§ **PROBLEM TO SOLVE**
An exact copy of the listing below is the answer, with the pictures removed.

* * * * * * * * *

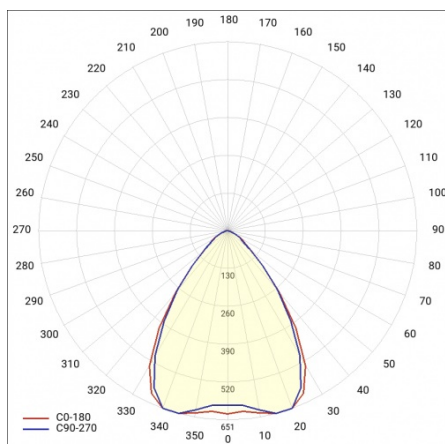

LINEA S LED 1172MM 14300LM 840 IP54 SW DALI (80W)

SZCZEGÓŁOWA KARTA PRODUKTU

TABELA PARAMETRÓW TECHNICZNYCH

Moc znamionowa oprawy [W]:	80	Materiał korpusu:	stal ocynkowana powlekana
Indeks:	591051	Wymiary (W/S/G/Z) [mm]:	1172/67/50
Temperatura barwowa [K]:	4000	Kolor korpusu:	RAL9010
EAN:	5905963591051	Odporność na uderzenia:	IK03
Strumień świetlny oprawy [lm]:	14300	Stopień szczelności:	IP54
Źródło światła:	LED	Sposób montażu:	natynkowy, zwieszany
Klasa energetyczna:	A	Temperatura pracy [°C]:	od -25 do +35
Znamionowe napięcie zasilania [V]:	220-240	Waga netto [kg]:	1.600
DIMM DALI:	tak	Żywotność LED L70B50 [h]:	196000
Częstotliwość [Hz]:	50-60	Żywotność LED L80B20 [h]:	123000
Kąt świecenia [°]:	80	Żywotność LED L90B10 [h]:	60000
Typ rozsyłu:	SW	Bezpieczeństwo fotobiologiczne:	grupa ryzyka 1 (niskie ryzyko)
Skuteczność świetlna oprawy [lm/W]:	179	Gwarancja [lata]:	5
Klasa ochronności:	I	Certyfikat CE:	48/2024
Wskaźnik oddawania barw (Ra):	>80	Certyfikat ENEC:	0331/ENEC/23
SDCM:	≤ 3	HACCP:	852/2004
Materiał klosza:	PC	Instrukcja:	Pobierz PDF
Rodzaj klosza:	transparentny	Plik LDT:	Pobierz
Kolor klosza:	transparentny		

KRZYWA ŚWIATŁOŚCI

* * * * * * * * *

§ **COMPLETED TASK**
LINEA S LED 1172MM 14300LM 840 IP54 SW DALI (80W)

SZCZEGÓŁOWA KARTA PRODUKTU

TABELA PARAMETRÓW TECHNICZNYCH

Moc znamionowa oprawy [W]:	80	Materiał korpusu:	stal ocynkowana powlekana
Indeks:	591051	Wymiary (W/S/G/Z) [mm]:	1172/67/50
Temperatura barwowa [K]:	4000	Kolor korpusu:	RAL9010
EAN:	5905963591051	Odporność na uderzenia:	IK03
Strumień świetlny oprawy [lm]:	14300	Stopień szczelności:	IP54
Źródło światła:	LED	Sposób montażu:	natynkowy, zwieszany
Klasa energetyczna:	A	Temperatura pracy [°C]:	od -25 do +35
Znamionowe napięcie zasilania [V]:	220-240	Waga netto [kg]:	1.600
DIMM DALI:	tak	Żywotność LED L70B50 [h]:	196000
Częstotliwość [Hz]:	50-60	Żywotność LED L80B20 [h]:	123000
Kąt świecenia [°]:	80	Żywotność LED L90B10 [h]:	60000
Typ rozsyłu:	SW	Bezpieczeństwo fotobiologiczne:	grupa ryzyka 1 (niskie ryzyko)
Skuteczność świetlna oprawy [lm/W]:	179	Gwarancja [lata]:	5
Klasa ochronności:	I	Certyfikat CE:	48/2024
Wskaźnik oddawania barw (Ra):	>80	Certyfikat ENEC:	0331/ENEC/23
SDCM:	≤ 3	HACCP:	852/2004
Materiał klosza:	PC	Instrukcja:	Pobierz PDF
Rodzaj klosza:	transparentny	Plik LDT:	Pobierz
Kolor klosza:	transparentny		

KRZYWA ŚWIATŁOŚCI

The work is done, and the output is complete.